Work instructions: What must be returned is the number of lines in the records holding the word "GURIPOR", with no other text.

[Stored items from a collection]
_ _ _ _
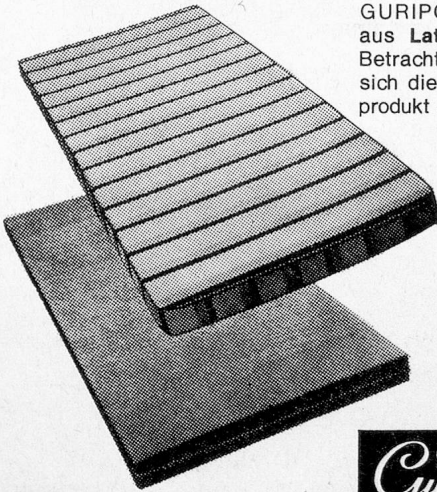

**BASLER
EISENMÖBELFABRIK AG.
SISSACH**
Tel. (051)

Metzger

Beim Anschaffen von

MATRATZEN

GURIPOR anatomic aus Latexschaum in Betracht ziehen, heißt, sich diesem Spitzenprodukt anzuvertrauen

Vom SIH geprüft und empfohlen

anatomic

Die GURIPOR-Matratze basiert auf bewährten Rezepten. Dank dem **verstärkten Mittelteil** ist diese Matratze vollkommen. Sie stützt den Körper beim Liegen und Sitzen in idealer Weise. Verlangen Sie ausdrücklich GURIPOR im Fachgeschäft oder bei Ihrem Lieferanten
_ _ _ _
Output of the exercise: 2